Le regroupement familial (AG § 28) peut être demandé par un étranger au bout de deux ans (auparavant quatre ans). Le « Familiennachzug » est obtenu, comme en France, sous condition de ressources et de logement (voir AG § 27 à 30).

Si un divorce intervient (AG § 31), après une durée de mariage d’au moins deux ans, l’étranger est admis à rester sur le territoire au moins un an de plus, notamment lorsqu’il y a des enfants. Mais, par la suite, son titre de séjour qui dépendait généralement de la présence de son conjoint (AG § 30), [il s’agissait donc d’un titre dépendant de son conjoint = TS « lié »], devient un titre « individuel » (Eigenständiges Aufenthaltsrecht).

S’en suivent toutes les autres catégories de titre de séjour « liés » pour les enfants (articles AG § 32 à 36). La loi règle par exemple, comme en France, le cas des enfants entrés en Allemagne avant leur majorité : il résulte par exemple indirectement des dispositions de l’article AG § 35 que les enfants entrés en Allemagne avant l’âge de 11 ans reçoivent à 16 ans un titre lié au regroupement familial, et à leur majorité, un titre individuel.

Au total, si les obstacles à l’entrée et au séjour des étrangers en Allemagne sont importants, pour ceux qui les franchissent, l’administration (c’est-à-dire.. . les autorités fédérées) dispose des moyens nécessaires pour les intégrer et leur offrir les conditions de l’égalité des droits avec les citoyens. Les juges disposent également des moyens leur permettant d’agir rapidement, dans le respect des garanties.

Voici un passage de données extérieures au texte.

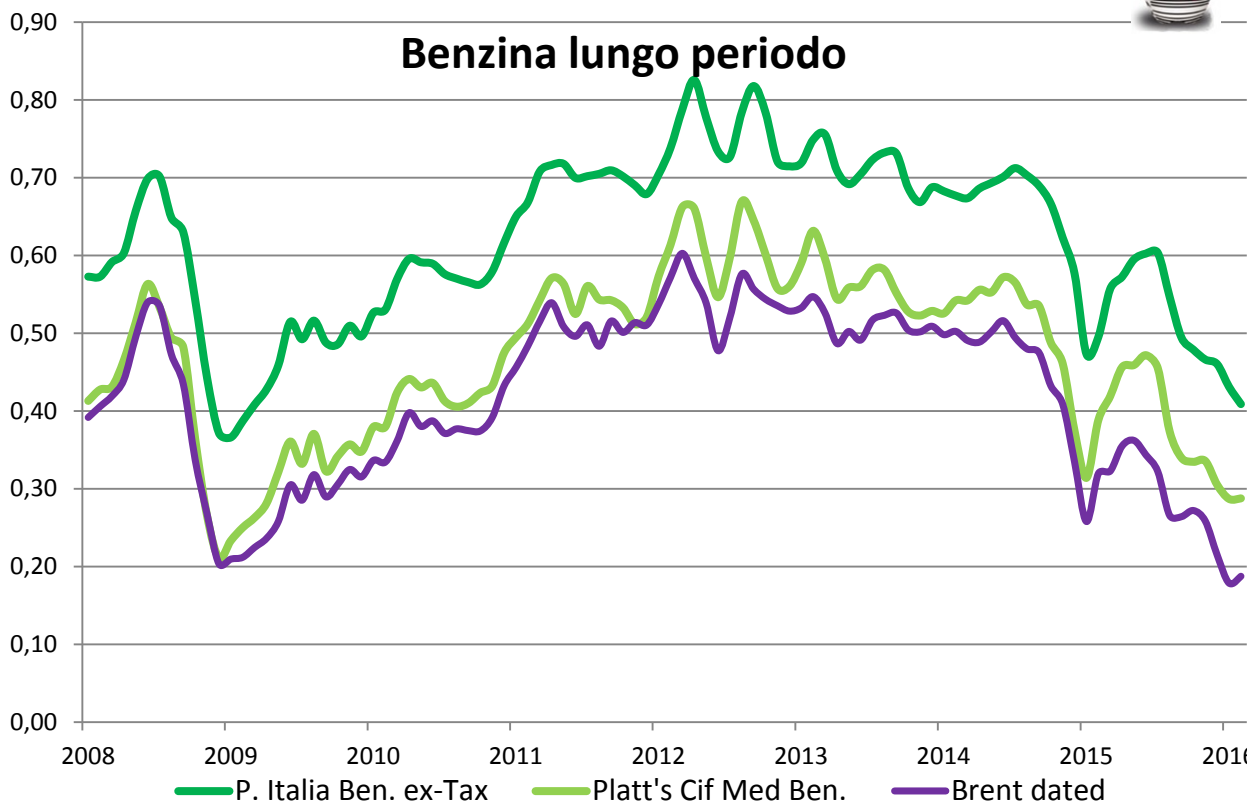

Evoluzione dei prezzi dei prodotti petroliferi per autotrazione

anni 2008-2016 - medie mensili €/lt.

Diesel lungo periodo

Il convient tout d’abord de noter que les juges administratifs allemands sont au nombre d’environ 2400 ( 900 en France), l’ordre administratif (Bundesverwaltungsgericht - barkeit) n’ayant pas, au surplus, dans sa compétence les questions fiscales, qui sont réglées, par ailleurs, par un autre ordre administratif (Bundesfinanzhof - barkeit) comprenant lui-même 800 juges.

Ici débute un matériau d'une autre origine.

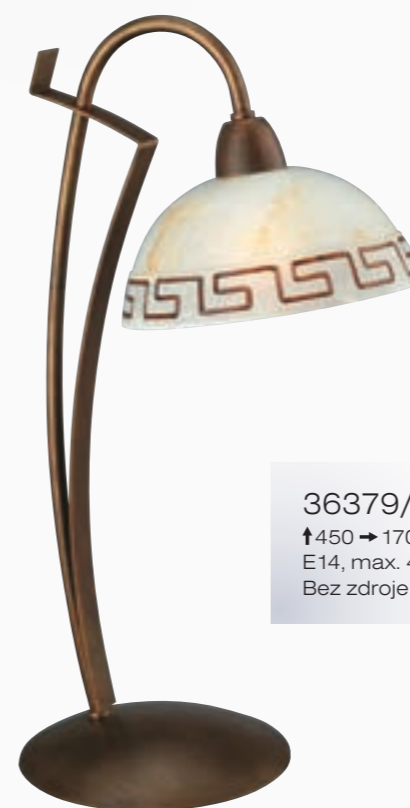

36379/43/10
↑450 → 170 ↗250
E14, max. 40W, 230V, IP20
Bez zdroje |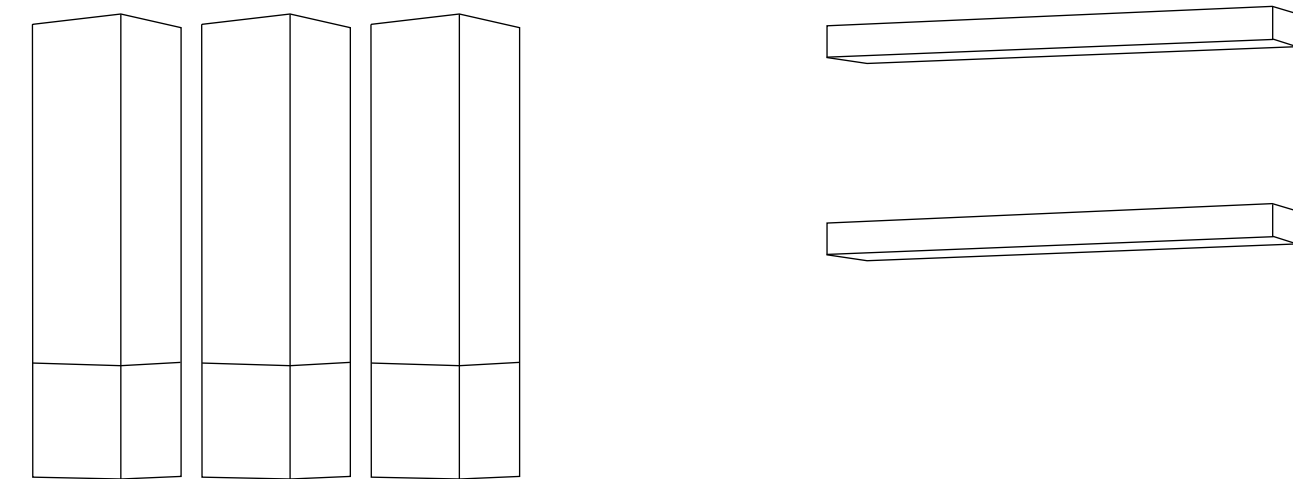

Dimensiones / Dimensions: Largo 330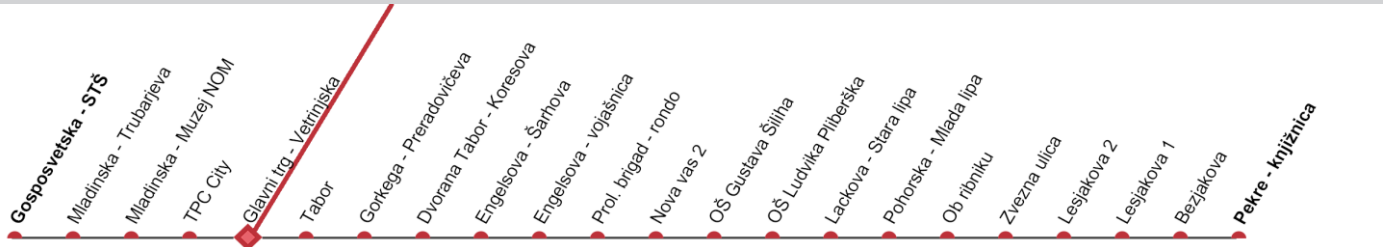

Velja od 26. 06. 2024

		04	05	06	07	08	09	10	11	12	13	14	15	16	17	18	19	20	21	22	23
DELAVNIK	V SMERI 🕒																				
	Pekre - knjižnica		37 59	24 49	09 34 59	19 44	09 39	19 59	39	19 59	24 49	09 34 59	19 44 39	19 59	39	19 59	39	19 59	39	19	05 36
SOBOTA	V SMERI 🕒																				
	Pekre - knjižnica		36	09 49	29	09 49	29	09 49	29	09 49		09	24	39	54		09	24	39		
NEDELJA	V SMERI 🕒																				
	Pekre - knjižnica			40	55		10	25	40	55		10	25	40	55		10	25			

Linija 18

SMER VOŽNJE →

Velja od 26. 06. 2024

		04	05	06	07	08	09	10	11	12	13	14	15	16	17	18	19	20	21	22	23
DELAVNIK	V SMERI 🕒																				
	Pekre - knjižnica		39	01 26 51	11 36	01 21 46	11 41	21	01 41	21	01 26 51	11 36	01 21 46	11 41	21	01 41	21	01 41	21	01 41	21
SOBOTA	V SMERI 🕒																				
	Pekre - knjižnica		38	11 51	31	11 51	31	11 51	31	11 51		11	26	41	56		11	26	41		
NEDELJA	V SMERI 🕒																				
	Pekre - knjižnica			42	57		12	27	42	57		12	27	42	57		12	27			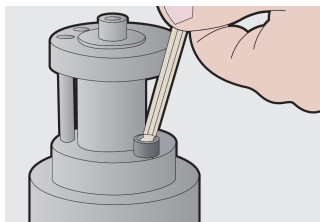

Uporaba (slike)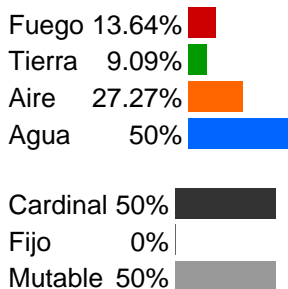

Carta natal

Colonel Tom Parker

26/06/1909 23:00:00 (LMT)
26/06/1909 22:40:54 UT

51:35:12N 04:46:33E

Tropical/geocéntrico
Carta eclíptica
Casas: Placidus

ARMC: 259°24'31.97124"

carta-natal.es

Generalidades

Casas (Placidus)

C 1 (AC)	♈	05°18'56"
C 2	♌	02°10'16"
C 3	♍	00°50'46"
C 4	♍	20°15'59"
C 5	♎	07°47'52"
C 6	♎	28°34'49"
C 7	♏	05°18'56"
C 8	♐	02°10'16"
C 9	♑	00°50'46"
C 10 (MC)	♑	20°15'59"
C 11	♒	07°47'52"
C 12	♒	28°34'49"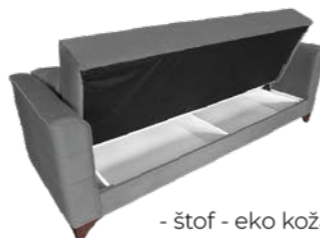

- štof - eko koža

Nameštaj kreiran za vašu udobnost.

VITO

trosed

60

dimenzije š: 230 d: 110 v: 80
ležaj š: 200 d: 155

Za svakodnevno spavanje.
Ležaj je od žičanog jezgra.
Poseduje kutiju za odlaganje.

- štof - eko koža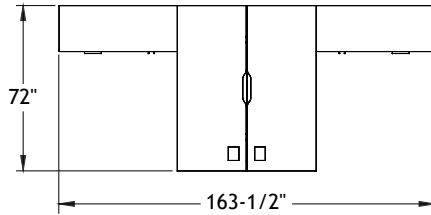

Aménagements types

Aire ouverte

level-openspace-c008

Mélangine : Tempête
Métal : Chrome
Poignées : H071
Tissu : Mayer Fabrics - Fedora Cactus

Note: Les tissus sont spécifiés à titre indicatif et peuvent être de grades différents. Les prix des aménagements types sont de grade 2.

ITEM	QTÉ	CODE	DESCRIPTION	RIX LISTE $	TOTAL $
A	1	LV 2072 UN02 L CHR H071CHR	Caisson haut 20" x 72" x 25"H	1 455	1 455
B	1	LV 1572 UAS C1 CHR PL	Écran d'acrylique 15"H x 72"	510	510
C	1	LV 2072 UN02 R CHR H071CHR	Caisson haut 20" x 72" x 25"H	1 455	1 455
	1	LV 3072 YSF CHR DR NGR	Bureau flottant double 30" x 72" x 29"H avec tiroir	874	874
D	1	[WAVC]	Option - Découpe pour câblage	26	26
	1	[MH3D L]	Option - Unité de branchement rétractable - 1 prise électrique et 2 prises chargeur USB	397	397
	1	LV 3072 FYS CHR DR NGR	Bureau flottant double 30" x 72" x 29"H avec tiroir	874	874
E	1	[WAVC]	Option - Découpe pour câblage	26	26
	1	[MH3D R]	Option - Unité de branchement rétractable - 1 prise électrique et 2 prises chargeur USB	397	397
				Total	6 014
				Prix par bureau individuel	3 007
Sièges					
	2	SL1SB	Chaise lounge Slim - Grade 2	1 394	2 788
	1	SL3AB	Sofa Slim - Grade 2	3 275	3 275
	2	SL1T	Petite table basse Slim	495	990
	1	SL2T	Grande table basse Slim	608	608
				Total	7 661
Accessoires électriques					
	2	BE-HW120	Câble d'alimentation avec fils dénudés, 120" de long	255	510
	2	WM84 32	Support de câbles d'alimentation et de réseau, 8 Simplex / 4 circuits, 32-1/2" de long	522	1 044
	1	8SR	Outil pour enlever les simplex	5	5
				Total	1 559

Le premier article de la LJA (= VwGO) concerne l’indépendance des tribunaux, règle déjà fixée dans l’article 97 de la loi fondamentale.

La règle dans les juridictions administratives est celle de la collégialité : il n’y a pas vraiment d’article la consacrant (voir seulement VwGO § 5), car il s’agit d’un principe.

Cette règle s’applique absolument dans tous les domaines, que ce soient les domaines de fond (par exemple les étrangers) que s’agissant des procédures d’urgence (référés etc...)

Mais ce qui pourra certainement étonner le juge français, c’est que le recours au juge unique ne procède pas de la loi, les députés considérant les juges dans leur indépendance, à la fois d’appréciation mais aussi d’organisation (voir plus haut l’article § 1 de la LJA).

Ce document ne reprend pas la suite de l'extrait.